Пожалуйста, смотрите раздел РЕДАКТИРОВАТЬ в моем собственном ответе; они содержат объяснение этой головоломки .
Я пытаюсь отключить RC4 для сервера Apache 2.2.9, работающего на CentOS 6.5 VPS, и не могу добиться успеха.
Установлен недавно приобретенный бизнес-проверенный сертификат, и SSL-соединения работают нормально, но я хотел как можно лучше настроить вещи, чтобы «усилить безопасность», как утверждают некоторые учебники.
При проверке конфигурации с помощью Qualys SSL Labs на странице результатов отображается сообщение «Этот сервер принимает слабый шифр RC4. Оценка ограничена до B.»
Тем не менее, я поместил это в ssl.conf:
SSLCipherSuite HIGH:!aNULL:!eNULL:!EXPORT:!DES:!MD5:!PSK:!RC4:!SSLv2:!SSLv3
Я сохранил сценарий, приведенный в ответе на этот вопрос, в файл с именем test-ssl-ciphers.sh и изменил IP-адрес на адрес обратной связи. Это результат ./test-ssl-ciphers.sh | grep -i "RC4"
:
Testing ECDHE-RSA-RC4-SHA...NO (sslv3 alert handshake failure)

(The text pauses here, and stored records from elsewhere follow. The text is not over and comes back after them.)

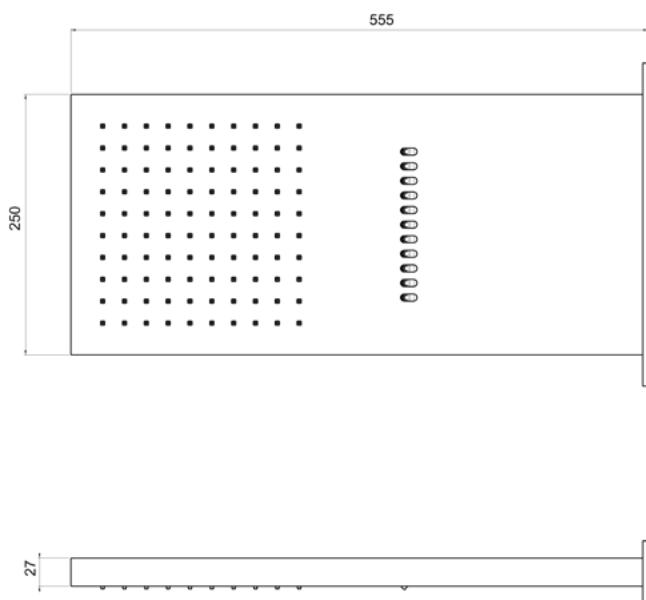

DIMENSIONS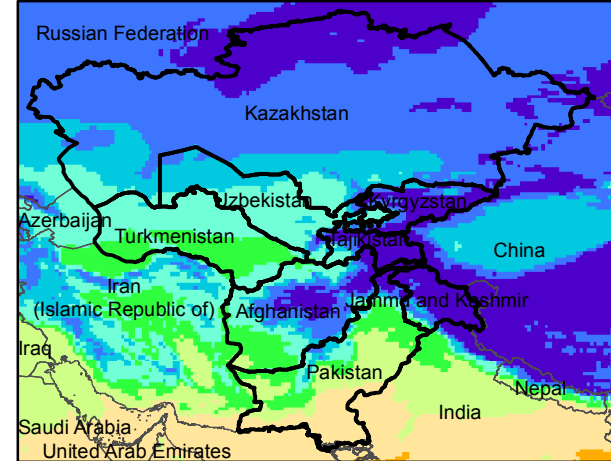

Central Asia Dekadal Temperature and Anomalies

Feb. dekad 1

Mean Daily Temp. 2019

Feb. dekad 2

Mean Daily Temp. 2019

Feb. dekad 3

Mean Daily Temp. 2019

2019
(NOAA
-GFS)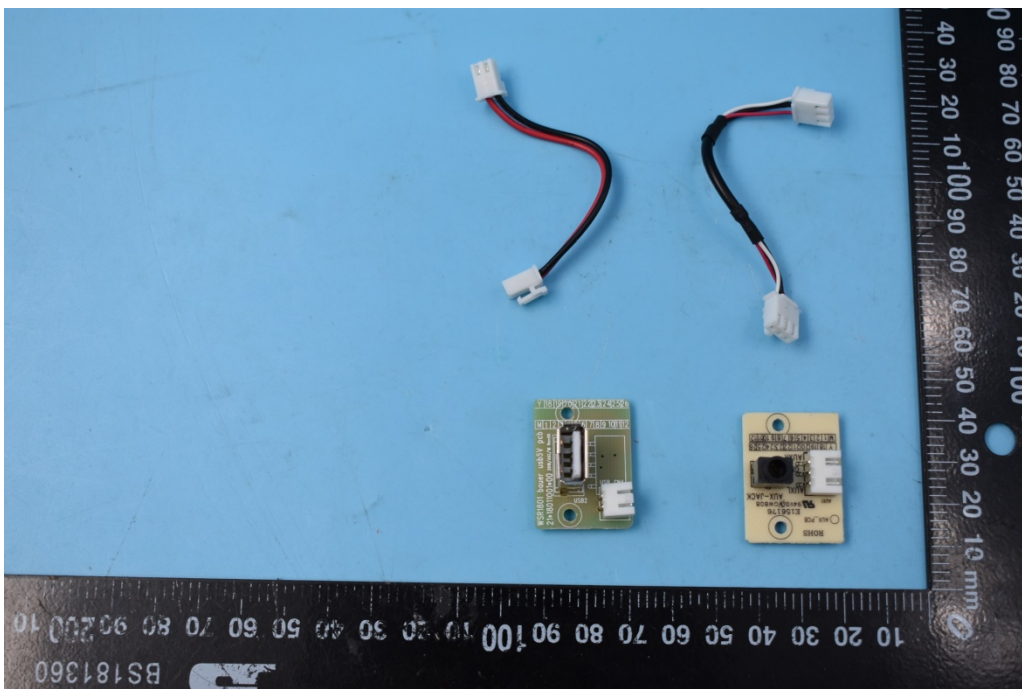

FCC ID: 2ABL5WSR1801-BE322

Internal Photos

1. EUT uncover view

2. Mainboard front view

3. Mainboard rear view

4. Antenna view

Testing ECDHE-ECDSA-RC4-SHA...NO (sslv3 alert handshake failure)
Testing AECDH-RC4-SHA...NO (sslv3 alert handshake failure)
Testing ADH-RC4-MD5...NO (sslv3 alert handshake failure)
Testing ECDH-RSA-RC4-SHA...NO (sslv3 alert handshake failure)
Testing ECDH-ECDSA-RC4-SHA...NO (sslv3 alert handshake failure)
Testing RC4-SHA...NO (sslv3 alert handshake failure)
Testing RC4-MD5...NO (sslv3 alert handshake failure)
Testing RC4-MD5...NO (sslv3 alert handshake failure)
Testing PSK-RC4-SHA...NO (no ciphers available)
Testing KRB5-RC4-SHA...NO (no ciphers available)
Testing KRB5-RC4-MD5...NO (no ciphers available)
Testing EXP-ADH-RC4-MD5...NO (sslv3 alert handshake failure)
Testing EXP-RC4-MD5...NO (sslv3 alert handshake failure)
Testing EXP-RC4-MD5...NO (sslv3 alert handshake failure)
Testing EXP-KRB5-RC4-SHA...NO (no ciphers available)
Testing EXP-KRB5-RC4-MD5...NO (no ciphers available)
Каждая из этих строк содержит «НЕТ», что, согласно сценарию, означает, что сервер не поддерживает указанную комбинацию шифров.
Более того, команда grep -i -r "RC4" /etc/httpd
дает мне только вышеупомянутый файл ssl.conf.
Кроме того, при работе openssl ciphers -V
в моем наборе шифров вообще не отображаются шифры RC4, что имеет смысл, учитывая строку конфигурации.
Поэтому я почему-то растерялся относительно того, почему веб-сайты проверки SSL говорят мне, что «сервер принимает RC4». Они даже перечисляют следующие шифры как принятые:
TLS_RSA_WITH_RC4_128_MD5
TLS_RSA_WITH_RC4_128_SHA
TLS_ECDHE_RSA_WITH_RC4_128_SHA
У кого-нибудь есть возможное объяснение? Что я делаю что-то не так? Может быть, есть другое место, где настраивается поддержка RC4 или «принятие»?
Благодарю.
[ EDIT ] Используя CentOS 6.6 на домашней виртуальной машине, я снова запустил скрипт для своего VPS, используя его доменное имя вместо адреса обратной связи. Эта настройка подразумевает, что список шифров предоставляется экземпляром openssl в виртуальной машине: у меня все еще нет RC4 среди шифров, которые дают YES.